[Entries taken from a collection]
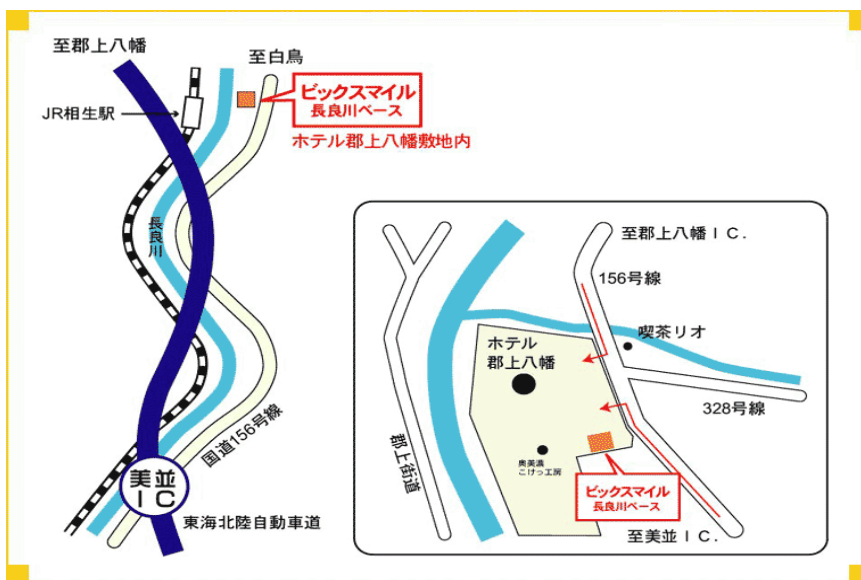

岐阜長良川ラフティングツアー アクセス地図

現地連絡先

半日コース: 080-2446-9876

ファミリーコース: 090-5896-4227

【現地住所】岐阜県郡上市八幡町吉野200 ホテル郡上八幡敷地内

【集合場所周辺詳細地図】

半日コース 集合時間

午前ツアー: 9:00集合

午後ツアー: 13:00集合

ファミリーコース 集合時間

午前ツアー: 9:30集合

午後ツアー: 13:30集合

お車でお越しのお客様

お盆期間中などは、高速道路の渋滞が予想されますのでお時間に十分余裕を持ってお越し下さい。

《平常時:名古屋ICより 約1時間30分》

【順路】

一宮JC ~ 東海北陸道 ~

⇒ 美並IC ~ R156 ~ ピックスマイル長良川ベース

(東海北陸道美並I.CよりR156を郡上八幡方面20分)

電車でお越しのお客様

名古屋→JR→美濃太田→長良川鉄道→相生駅下車徒歩18分

注意！！

時刻表にて**乗り継ぎ時間**・**到着時間**をご確認いただき、集合時間に遅れないようお願い致します。
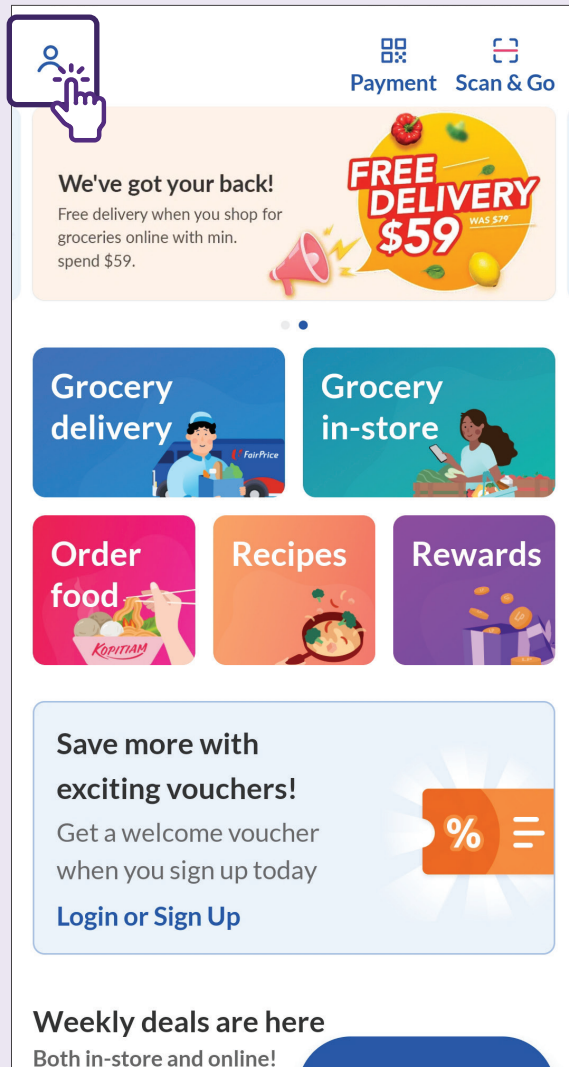

Log Keluar dari Akaun

1 Ketik pada Akaun
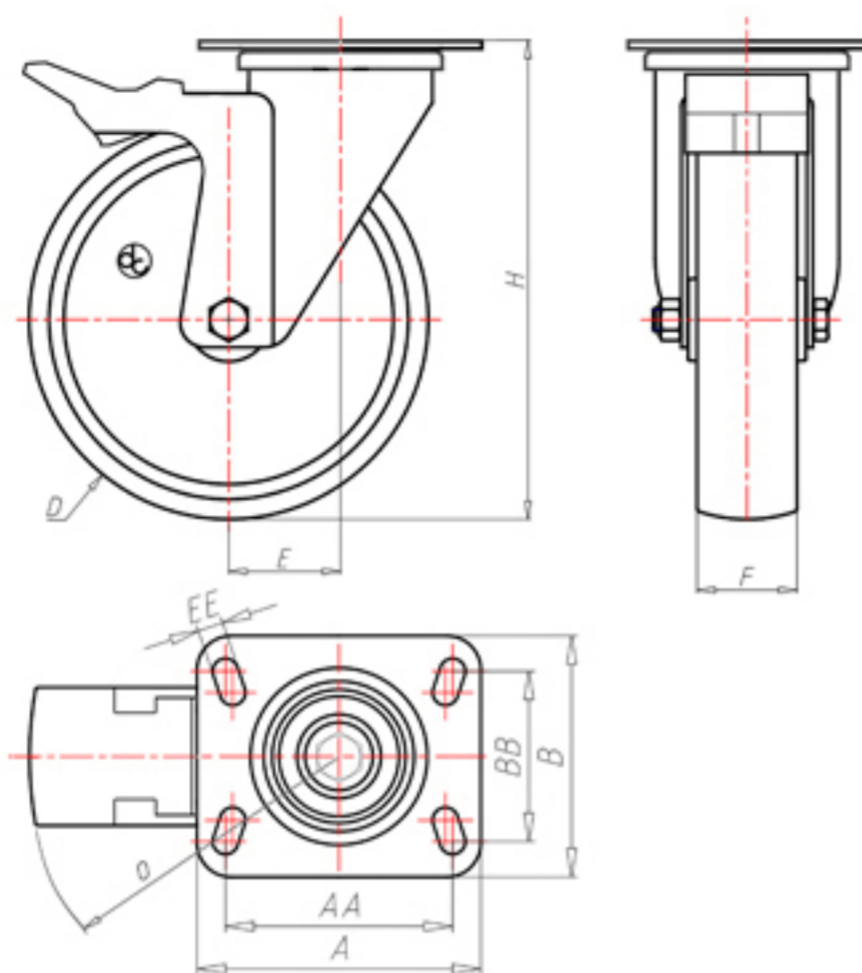

D-NAMIC

92 Shore A
+90°C
-40°C

INOX

	D	80
	F	33
	H	110
	AxB	100x85
	AAxBB	80x60
	EE	9
	E	40
	O	124
	LC	210

Código para rueda con buje liso

XNGX8040PFA

Código para rueda con rodamiento de rodillos Inox

XNGX8040PRXFA

Código para rueda con doble rodamiento de bolas

XNGX8040PCFA

Código para rueda con doble rodamiento de bolas Inox

XNGX8040PCXFA
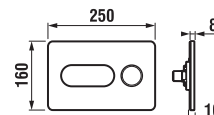

Číslo výrobku	Popis výrobku	Cena
H8936460000001	tlačítko PL8 Dual Flush, bílá barva, zelený kroužek	822 Kč
H8936460040001	tlačítko PL8 Dual Flush, lesklý chrom, matný kroužek	1 417 Kč
H8936460070001	tlačítko PL8 Dual Flush, matný chrom, lesklý kroužek	1 417 Kč

Náhradní díly:	Cena
H8996460000001 zelený kroužek pro splachovací tlačítko PL8 H893646, baleno v plastovém sáčku	127 Kč
H8996460040001 kroužek lesklý chrom pro splachovací tlačítko PL8 H893646, baleno v plastovém sáčku	154 Kč
H8996460070001 kroužek matný chrom pro splachovací tlačítko PL8 H893646, baleno v plastovém sáčku	171 Kč
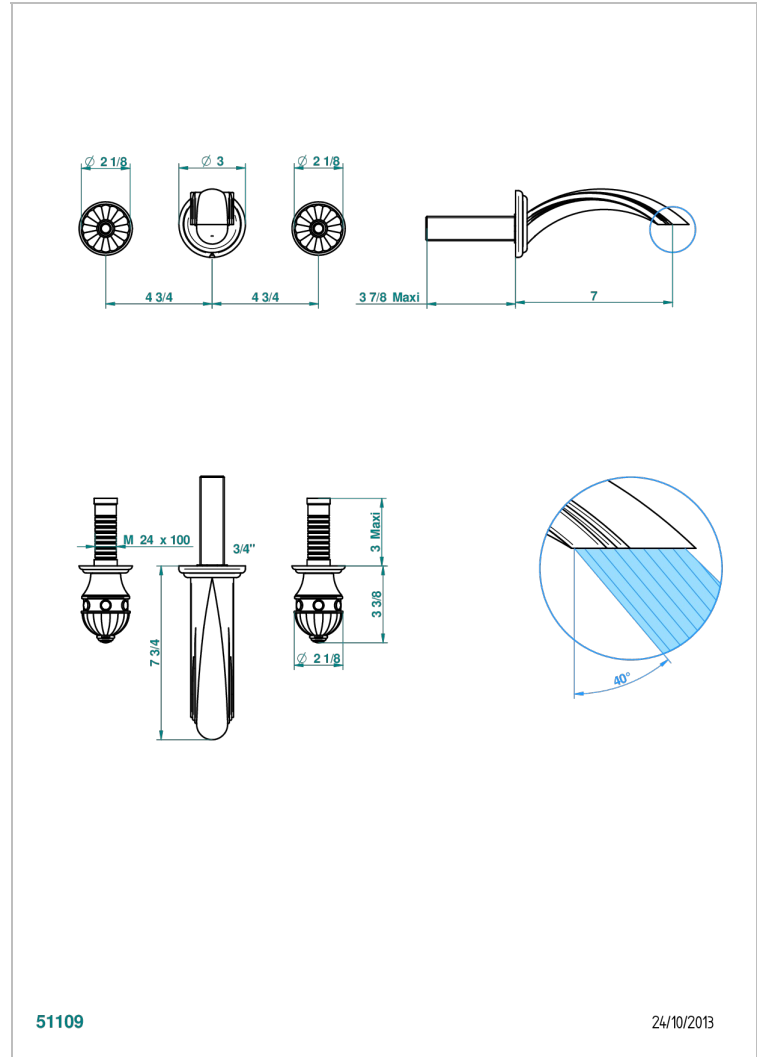

CHEVERNY JASPE ROUGE

A1U-40GB

Garniture pour mélangeur de lavabo mural, bec goliath

THG[®]
PARIS

CARACTÉRISTIQUES

- Ensemble composé d'un bec mural de lavabo et des 2 garnitures de robinets
- Nécessite partie encastrée Réf. 40AC
- Laiton sans plomb
- Bec à écoulement libre
- Livré sans vidage

PRODUITS ASSOCIÉS

- Ref. G00-40AC Partie à encastrer pour mélangeur mural - version croisillons
- Ref. G00-40AM Partie à encastrer pour mélangeur mural - version manettes

FINITIONS DISPONIBLES

Chromé - A02
Chromé / doré - G02
Chromé mat - C02
Doré brillant - F01
Doré mat - F07
Nickel brillant - B01
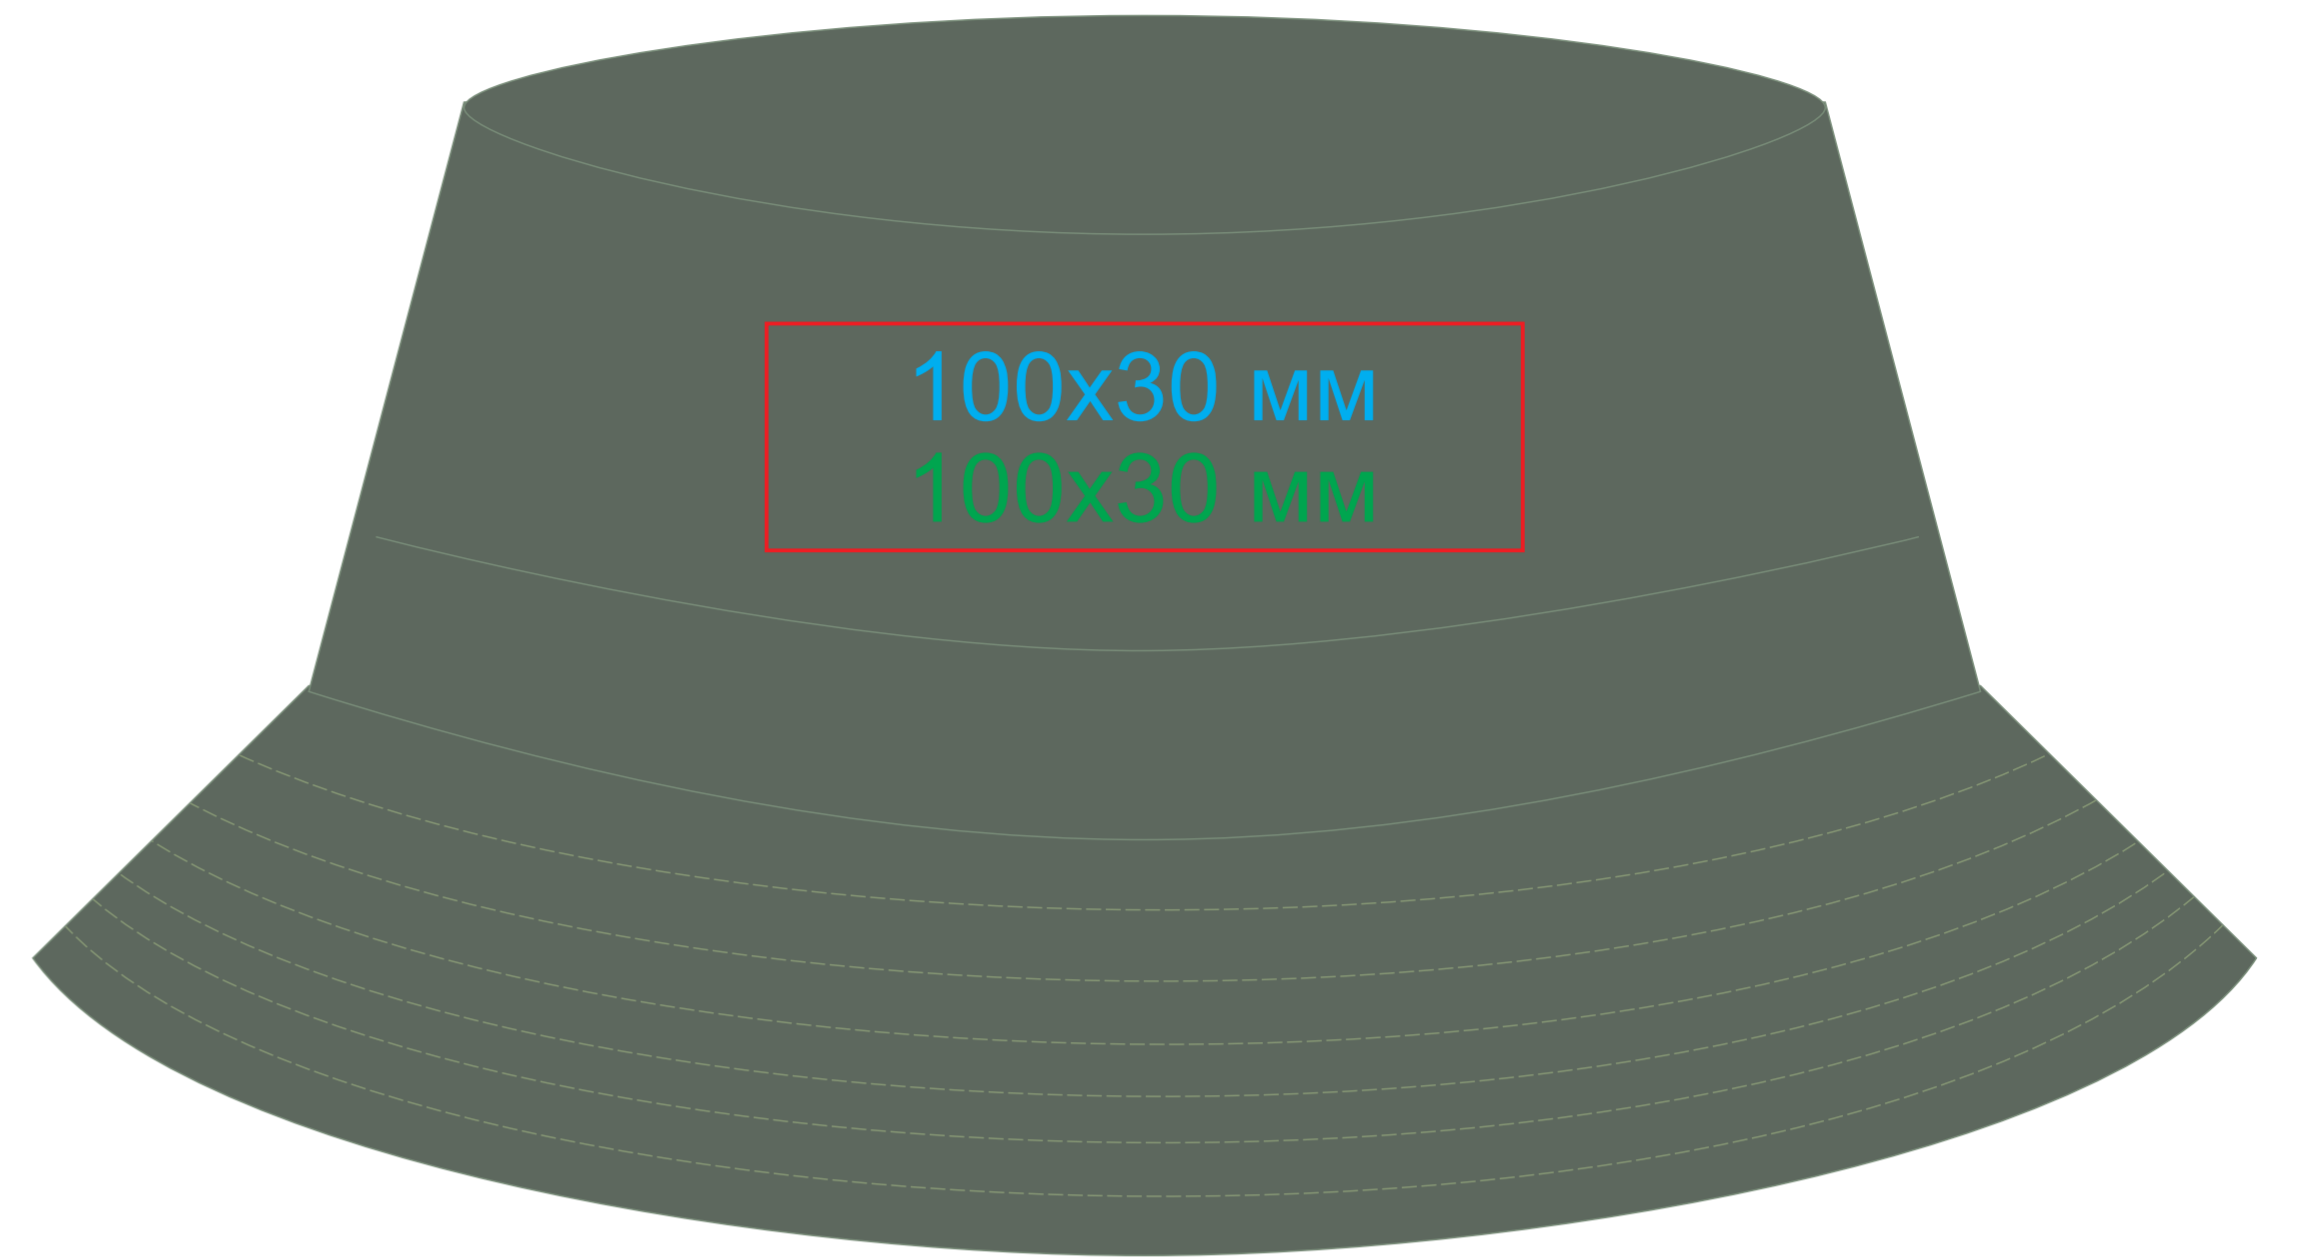

Панама "FOREVER", 25454

метод нанесения: термотрансфер, вышивка, вышивка шеврона

25454.17

Вид спереди

Вид сзади

25454.26

Вид спереди

Вид сзади

25454.35

Вид спереди

Вид сзади

◆ **Problem details**:
Please give again only the lines from the one containing "Chromé mat - C02" through the last line of the entries above, exactly as they stand and without pictures.

◆ **Finished exercise**:
Chromé mat - C02
Doré brillant - F01
Doré mat - F07
Nickel brillant - B01

Панама "FOREVER", 25454

метод нанесения: термотрансфер, вышивка, вышивка шеврона

25454.17

Вид спереди

Вид сзади

25454.26

Вид спереди

Вид сзади

25454.35

Вид спереди

Вид сзади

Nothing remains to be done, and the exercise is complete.